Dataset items
- Opening Delimiter -

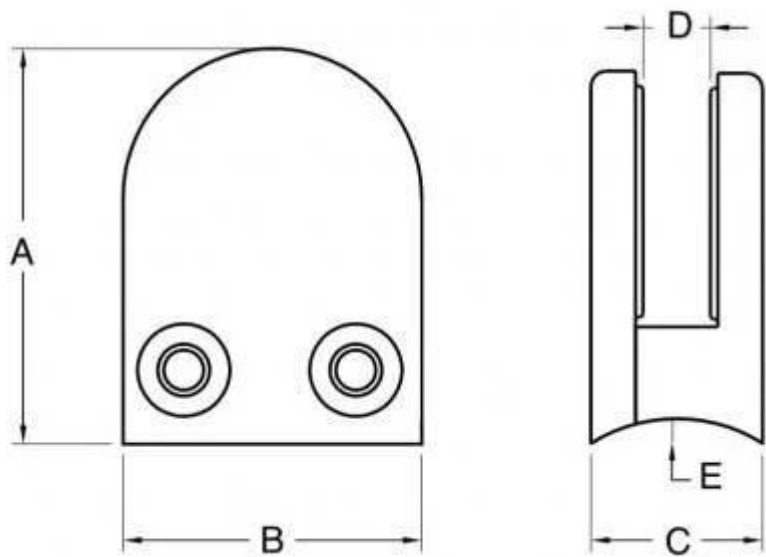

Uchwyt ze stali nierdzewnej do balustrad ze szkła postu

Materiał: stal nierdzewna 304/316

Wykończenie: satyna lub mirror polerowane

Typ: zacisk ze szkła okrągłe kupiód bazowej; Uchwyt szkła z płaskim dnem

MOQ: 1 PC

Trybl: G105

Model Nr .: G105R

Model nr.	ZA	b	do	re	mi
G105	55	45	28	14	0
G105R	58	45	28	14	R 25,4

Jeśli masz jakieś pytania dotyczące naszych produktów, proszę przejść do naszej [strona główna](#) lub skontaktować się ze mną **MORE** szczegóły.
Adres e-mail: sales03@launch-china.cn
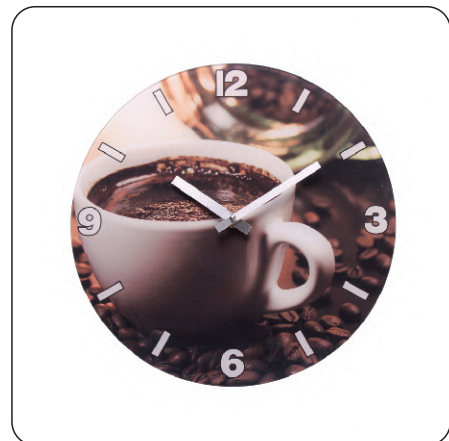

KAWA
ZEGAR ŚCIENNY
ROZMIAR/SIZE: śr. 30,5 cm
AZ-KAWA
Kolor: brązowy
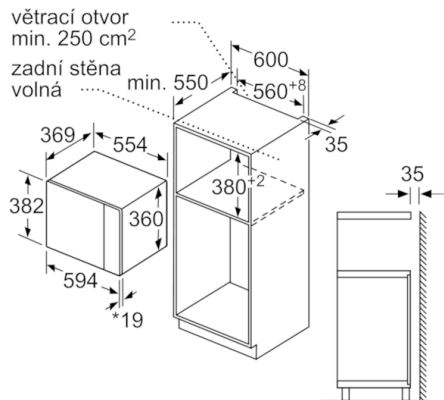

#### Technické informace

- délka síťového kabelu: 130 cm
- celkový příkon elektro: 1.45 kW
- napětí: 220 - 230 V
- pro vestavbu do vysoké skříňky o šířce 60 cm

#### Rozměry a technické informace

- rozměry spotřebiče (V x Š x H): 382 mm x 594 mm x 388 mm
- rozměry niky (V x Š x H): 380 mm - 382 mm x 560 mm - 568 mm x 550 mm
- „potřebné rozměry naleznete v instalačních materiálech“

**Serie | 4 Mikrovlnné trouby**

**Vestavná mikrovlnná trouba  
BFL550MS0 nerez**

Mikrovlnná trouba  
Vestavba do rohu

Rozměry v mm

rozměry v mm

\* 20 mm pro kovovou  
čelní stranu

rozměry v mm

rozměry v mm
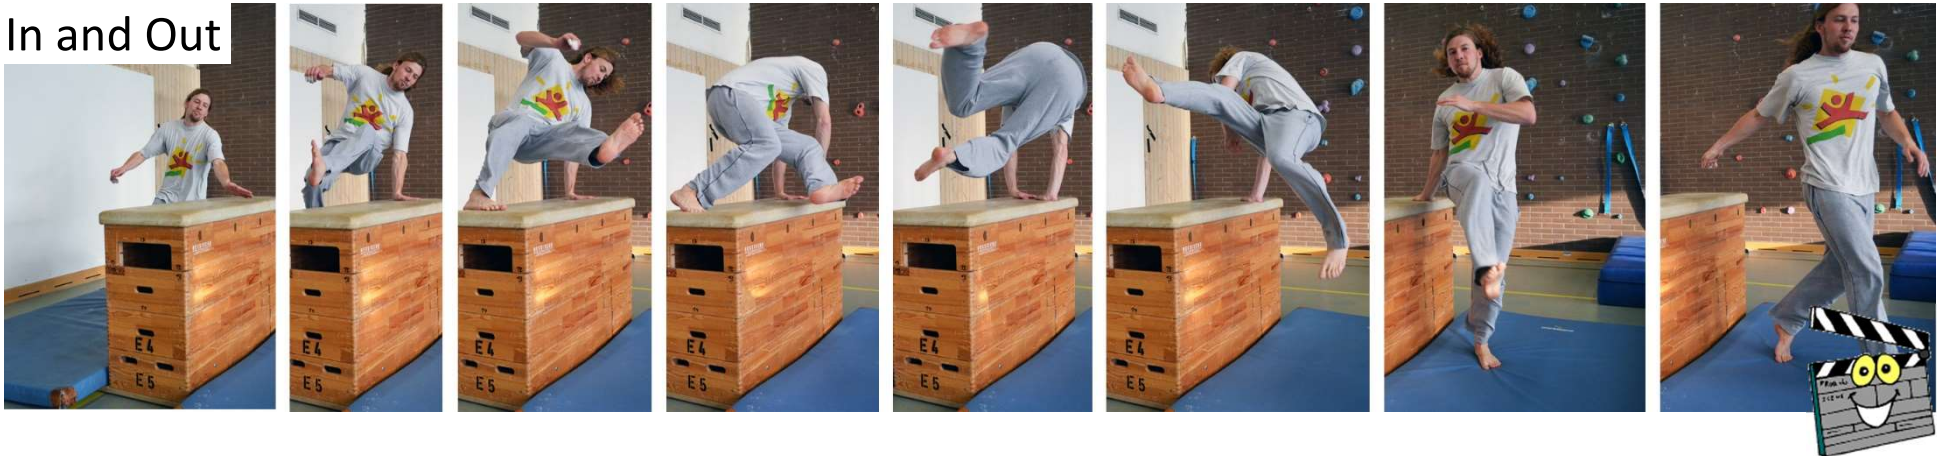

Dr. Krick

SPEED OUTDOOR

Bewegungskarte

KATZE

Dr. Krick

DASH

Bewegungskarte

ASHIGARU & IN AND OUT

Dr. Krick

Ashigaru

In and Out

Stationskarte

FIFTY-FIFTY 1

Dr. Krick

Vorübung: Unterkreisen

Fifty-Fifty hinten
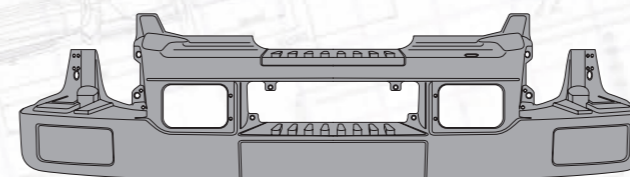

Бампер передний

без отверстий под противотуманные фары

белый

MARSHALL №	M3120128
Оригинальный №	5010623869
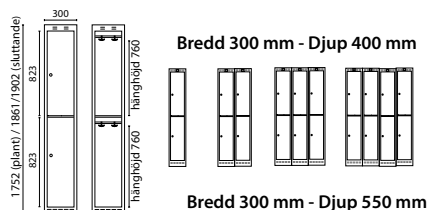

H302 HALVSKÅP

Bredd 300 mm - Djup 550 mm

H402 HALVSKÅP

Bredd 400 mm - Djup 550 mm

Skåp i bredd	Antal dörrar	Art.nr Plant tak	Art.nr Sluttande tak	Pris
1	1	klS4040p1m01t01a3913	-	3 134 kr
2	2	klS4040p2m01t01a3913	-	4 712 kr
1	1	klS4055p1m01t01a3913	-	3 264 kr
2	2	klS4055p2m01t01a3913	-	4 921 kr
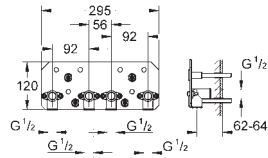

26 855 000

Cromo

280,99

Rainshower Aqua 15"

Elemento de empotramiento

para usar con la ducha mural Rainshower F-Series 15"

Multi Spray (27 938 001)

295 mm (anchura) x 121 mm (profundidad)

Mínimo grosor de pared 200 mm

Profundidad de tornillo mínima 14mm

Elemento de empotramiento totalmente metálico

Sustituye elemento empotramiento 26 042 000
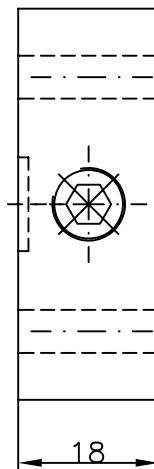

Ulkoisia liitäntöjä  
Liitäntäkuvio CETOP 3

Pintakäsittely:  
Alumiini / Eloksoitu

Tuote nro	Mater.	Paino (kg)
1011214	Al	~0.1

- Closing Delimiter -

### Problem details
Drop the pictures and give every line above again exactly.

### Expected answer
Uchwyt ze stali nierdzewnej do balustrad ze szkła postu

Materiał: stal nierdzewna 304/316

Wykończenie: satyna lub mirror polerowane

Typ: zacisk ze szkła okrągłe kupiód bazowej; Uchwyt szkła z płaskim dnem

MOQ: 1 PC

Trybl: G105

Model Nr .: G105R

Model nr.	ZA	b	do	re	mi
G105	55	45	28	14	0
G105R	58	45	28	14	R 25,4

Jeśli masz jakieś pytania dotyczące naszych produktów, proszę przejść do naszej [strona główna](#) lub skontaktować się ze mną **MORE** szczegóły.
Adres e-mail: sales03@launch-china.cn

KAWA
ZEGAR ŚCIENNY
ROZMIAR/SIZE: śr. 30,5 cm
AZ-KAWA
Kolor: brązowy

#### Technické informace

- délka síťového kabelu: 130 cm
- celkový příkon elektro: 1.45 kW
- napětí: 220 - 230 V
- pro vestavbu do vysoké skříňky o šířce 60 cm

#### Rozměry a technické informace

- rozměry spotřebiče (V x Š x H): 382 mm x 594 mm x 388 mm
- rozměry niky (V x Š x H): 380 mm - 382 mm x 560 mm - 568 mm x 550 mm
- „potřebné rozměry naleznete v instalačních materiálech“

**Serie | 4 Mikrovlnné trouby**

**Vestavná mikrovlnná trouba  
BFL550MS0 nerez**

Mikrovlnná trouba  
Vestavba do rohu

Rozměry v mm

rozměry v mm

\* 20 mm pro kovovou  
čelní stranu

rozměry v mm

rozměry v mm

Dr. Krick

SPEED OUTDOOR

Bewegungskarte

KATZE

Dr. Krick

DASH

Bewegungskarte

ASHIGARU & IN AND OUT

Dr. Krick

Ashigaru

In and Out

Stationskarte

FIFTY-FIFTY 1

Dr. Krick

Vorübung: Unterkreisen

Fifty-Fifty hinten

Бампер передний

без отверстий под противотуманные фары

белый

MARSHALL №	M3120128
Оригинальный №	5010623869

H302 HALVSKÅP

Bredd 300 mm - Djup 550 mm

H402 HALVSKÅP

Bredd 400 mm - Djup 550 mm

Skåp i bredd	Antal dörrar	Art.nr Plant tak	Art.nr Sluttande tak	Pris
1	1	klS4040p1m01t01a3913	-	3 134 kr
2	2	klS4040p2m01t01a3913	-	4 712 kr
1	1	klS4055p1m01t01a3913	-	3 264 kr
2	2	klS4055p2m01t01a3913	-	4 921 kr

26 855 000

Cromo

280,99

Rainshower Aqua 15"

Elemento de empotramiento

para usar con la ducha mural Rainshower F-Series 15"

Multi Spray (27 938 001)

295 mm (anchura) x 121 mm (profundidad)

Mínimo grosor de pared 200 mm

Profundidad de tornillo mínima 14mm

Elemento de empotramiento totalmente metálico

Sustituye elemento empotramiento 26 042 000

Ulkoisia liitäntöjä  
Liitäntäkuvio CETOP 3

Pintakäsittely:  
Alumiini / Eloksoitu

Tuote nro	Mater.	Paino (kg)
1011214	Al	~0.1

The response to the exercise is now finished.